> TASK PROMPT:
Omit all images, then repeat exactly the lines below from the one containing "(Channel Bandwidth:15 MHz)_LCH_QPSK_1RB#74" through the one containing "09.801.06.24.0 - 017197", both ends included.

Top of EXCERPTED DATA

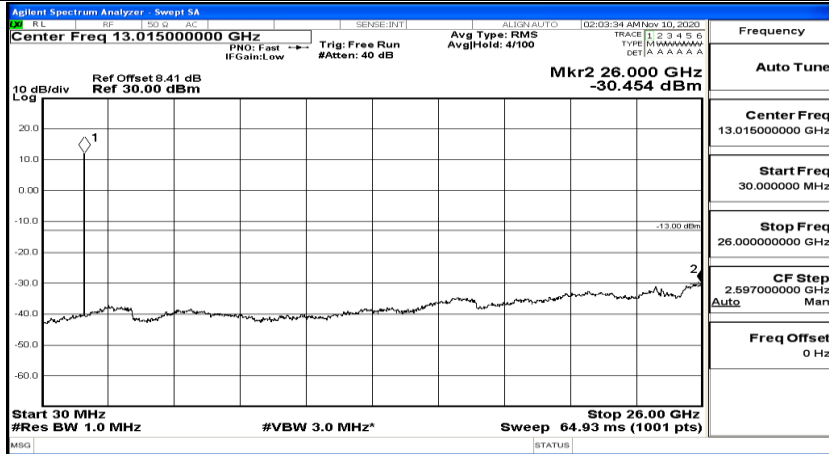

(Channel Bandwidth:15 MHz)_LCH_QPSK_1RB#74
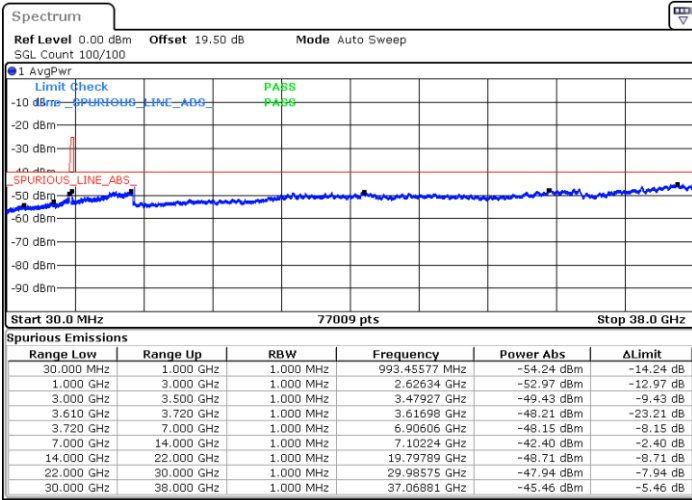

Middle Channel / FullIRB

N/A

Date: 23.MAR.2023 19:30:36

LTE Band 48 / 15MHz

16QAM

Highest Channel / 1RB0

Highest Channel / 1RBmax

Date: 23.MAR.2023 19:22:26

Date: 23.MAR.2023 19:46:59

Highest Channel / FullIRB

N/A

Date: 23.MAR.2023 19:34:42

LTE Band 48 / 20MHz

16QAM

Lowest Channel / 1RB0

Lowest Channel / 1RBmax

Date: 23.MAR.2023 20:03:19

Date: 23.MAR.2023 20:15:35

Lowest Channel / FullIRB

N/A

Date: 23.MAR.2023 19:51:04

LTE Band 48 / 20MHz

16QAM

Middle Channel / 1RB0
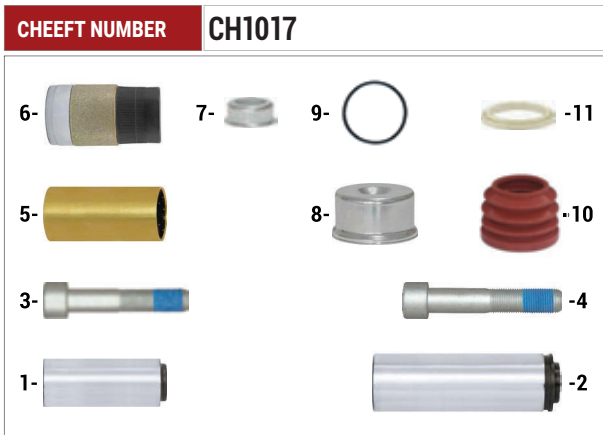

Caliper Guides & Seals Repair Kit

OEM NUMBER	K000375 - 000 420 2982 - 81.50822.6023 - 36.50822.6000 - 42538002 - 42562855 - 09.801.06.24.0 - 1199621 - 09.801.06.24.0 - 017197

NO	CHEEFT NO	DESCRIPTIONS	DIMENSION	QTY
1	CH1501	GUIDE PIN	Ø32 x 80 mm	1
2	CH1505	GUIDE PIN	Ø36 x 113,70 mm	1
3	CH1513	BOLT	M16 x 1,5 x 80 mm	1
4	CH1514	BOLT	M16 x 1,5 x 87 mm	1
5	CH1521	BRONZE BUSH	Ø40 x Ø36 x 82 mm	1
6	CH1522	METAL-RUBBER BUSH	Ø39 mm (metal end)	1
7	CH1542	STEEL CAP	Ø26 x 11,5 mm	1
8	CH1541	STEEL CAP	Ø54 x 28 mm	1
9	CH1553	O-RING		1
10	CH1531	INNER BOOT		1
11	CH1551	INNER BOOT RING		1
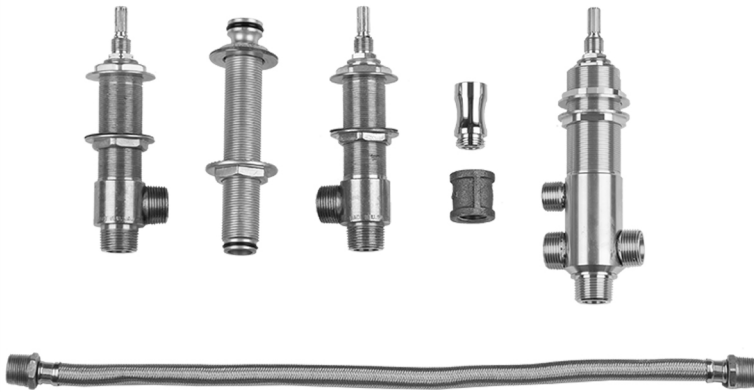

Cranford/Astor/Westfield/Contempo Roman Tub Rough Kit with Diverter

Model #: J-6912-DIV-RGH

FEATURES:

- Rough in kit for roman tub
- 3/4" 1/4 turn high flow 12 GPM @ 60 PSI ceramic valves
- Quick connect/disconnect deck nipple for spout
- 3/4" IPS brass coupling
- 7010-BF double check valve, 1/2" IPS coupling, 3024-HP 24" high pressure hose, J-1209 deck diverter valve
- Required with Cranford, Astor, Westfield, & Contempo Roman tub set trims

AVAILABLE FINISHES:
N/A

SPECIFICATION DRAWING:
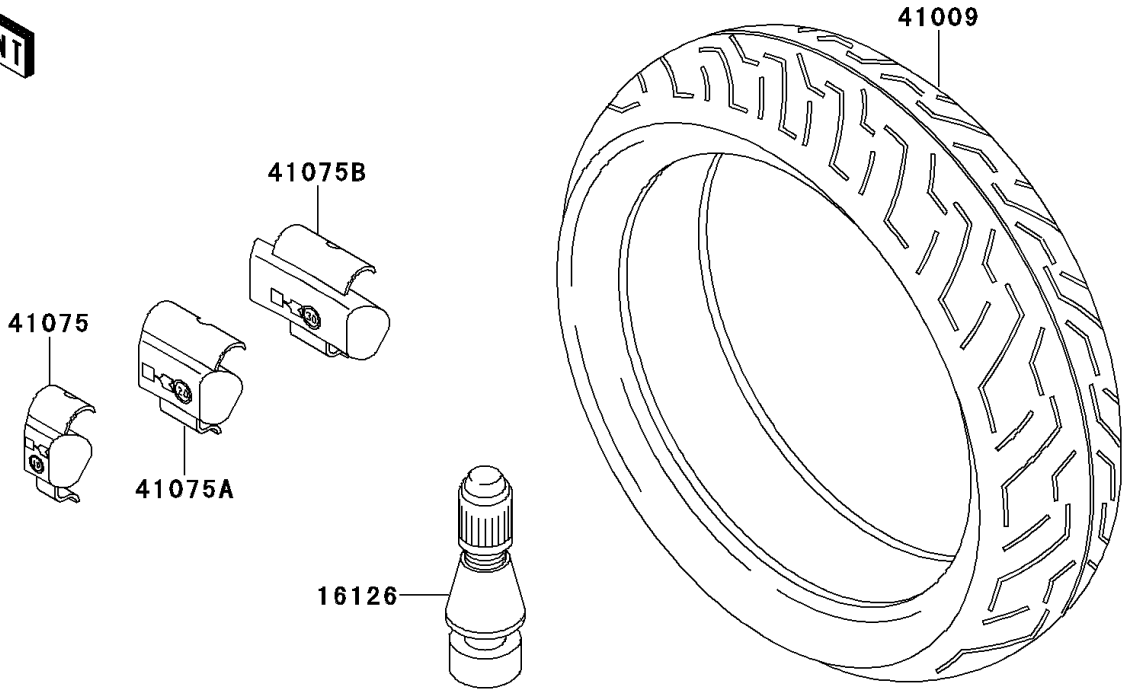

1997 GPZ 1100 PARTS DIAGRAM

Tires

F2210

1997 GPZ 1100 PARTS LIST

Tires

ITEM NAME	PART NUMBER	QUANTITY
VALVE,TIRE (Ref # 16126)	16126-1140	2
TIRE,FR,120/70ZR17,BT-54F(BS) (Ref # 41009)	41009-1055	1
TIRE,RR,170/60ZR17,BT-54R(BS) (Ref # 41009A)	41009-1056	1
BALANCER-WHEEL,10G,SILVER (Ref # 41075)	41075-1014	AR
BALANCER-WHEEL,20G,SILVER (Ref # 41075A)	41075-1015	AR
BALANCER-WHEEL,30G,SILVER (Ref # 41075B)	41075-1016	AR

Bottom of EXCERPTED DATA
Top of EXCERPTED DATA

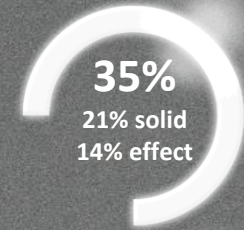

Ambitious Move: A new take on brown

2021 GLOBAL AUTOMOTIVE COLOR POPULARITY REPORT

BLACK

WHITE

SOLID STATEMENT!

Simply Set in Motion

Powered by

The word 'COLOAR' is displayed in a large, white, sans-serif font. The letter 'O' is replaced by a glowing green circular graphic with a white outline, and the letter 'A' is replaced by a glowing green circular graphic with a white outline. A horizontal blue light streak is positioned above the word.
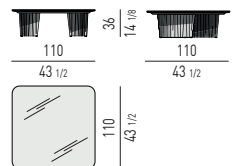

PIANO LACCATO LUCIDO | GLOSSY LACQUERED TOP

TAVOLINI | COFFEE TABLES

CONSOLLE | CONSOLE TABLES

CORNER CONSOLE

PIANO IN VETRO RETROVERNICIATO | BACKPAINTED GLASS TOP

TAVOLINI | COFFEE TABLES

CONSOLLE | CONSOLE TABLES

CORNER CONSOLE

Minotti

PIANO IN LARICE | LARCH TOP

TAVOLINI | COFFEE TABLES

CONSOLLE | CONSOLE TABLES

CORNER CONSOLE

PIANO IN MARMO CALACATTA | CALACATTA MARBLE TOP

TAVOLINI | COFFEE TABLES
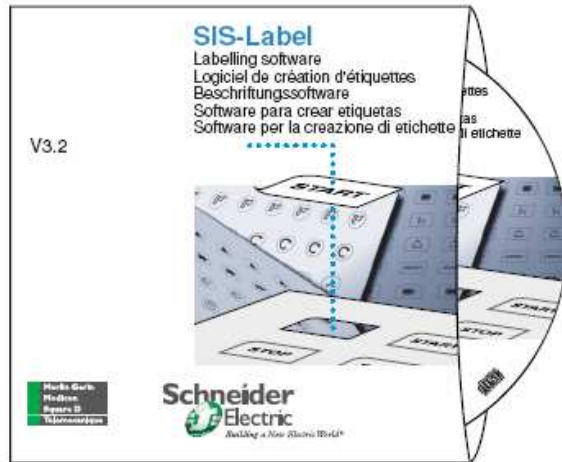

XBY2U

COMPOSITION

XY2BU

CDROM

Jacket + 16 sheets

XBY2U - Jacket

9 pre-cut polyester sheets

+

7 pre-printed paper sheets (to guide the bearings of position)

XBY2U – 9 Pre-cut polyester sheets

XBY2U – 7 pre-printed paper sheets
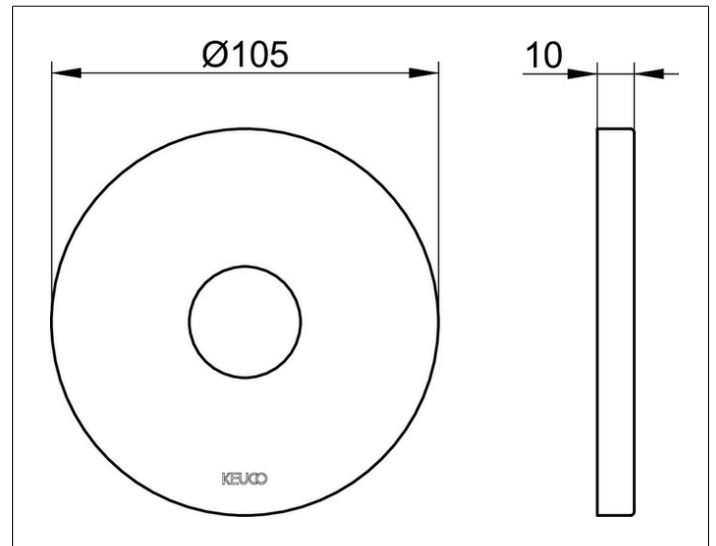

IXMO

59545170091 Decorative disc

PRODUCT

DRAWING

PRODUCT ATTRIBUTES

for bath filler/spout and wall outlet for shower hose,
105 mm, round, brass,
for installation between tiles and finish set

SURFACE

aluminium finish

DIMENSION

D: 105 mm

Bottom of EXCERPTED DATA
Top of EXCERPTED DATA

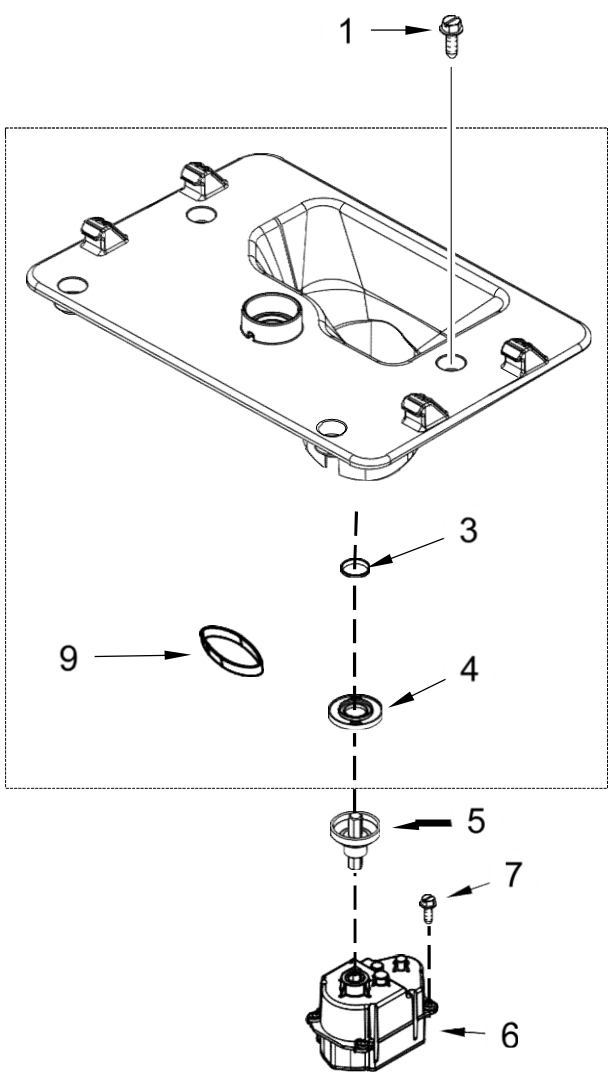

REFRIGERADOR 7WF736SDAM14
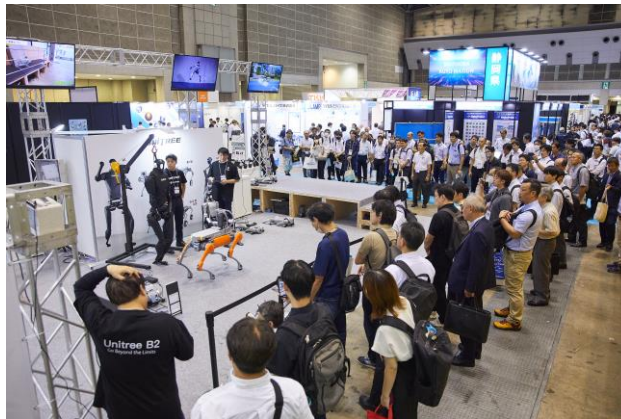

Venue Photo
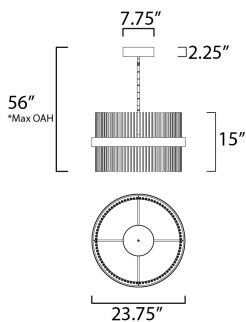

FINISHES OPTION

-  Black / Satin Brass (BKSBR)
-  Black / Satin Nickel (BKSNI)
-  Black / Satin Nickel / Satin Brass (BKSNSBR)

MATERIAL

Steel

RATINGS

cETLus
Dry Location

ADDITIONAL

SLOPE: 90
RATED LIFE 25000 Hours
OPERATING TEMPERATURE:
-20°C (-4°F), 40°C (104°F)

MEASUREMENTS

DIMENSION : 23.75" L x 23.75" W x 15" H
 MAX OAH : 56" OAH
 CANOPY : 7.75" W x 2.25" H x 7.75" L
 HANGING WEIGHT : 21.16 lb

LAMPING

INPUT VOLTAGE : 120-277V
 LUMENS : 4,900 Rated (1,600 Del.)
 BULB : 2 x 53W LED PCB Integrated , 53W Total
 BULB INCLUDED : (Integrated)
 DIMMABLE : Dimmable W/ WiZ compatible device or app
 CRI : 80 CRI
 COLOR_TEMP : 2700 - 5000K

Bottom of EXCERPTED DATA

> YOUR RESPONSE:
(Channel Bandwidth:15 MHz)_LCH_QPSK_1RB#74

Middle Channel / FullIRB

N/A

Date: 23.MAR.2023 19:30:36

LTE Band 48 / 15MHz

16QAM

Highest Channel / 1RB0

Highest Channel / 1RBmax

Date: 23.MAR.2023 19:22:26

Date: 23.MAR.2023 19:46:59

Highest Channel / FullIRB

N/A

Date: 23.MAR.2023 19:34:42

LTE Band 48 / 20MHz

16QAM

Lowest Channel / 1RB0

Lowest Channel / 1RBmax

Date: 23.MAR.2023 20:03:19

Date: 23.MAR.2023 20:15:35

Lowest Channel / FullIRB

N/A

Date: 23.MAR.2023 19:51:04

LTE Band 48 / 20MHz

16QAM

Middle Channel / 1RB0

Caliper Guides & Seals Repair Kit

OEM NUMBER	K000375 - 000 420 2982 - 81.50822.6023 - 36.50822.6000 - 42538002 - 42562855 - 09.801.06.24.0 - 1199621 - 09.801.06.24.0 - 017197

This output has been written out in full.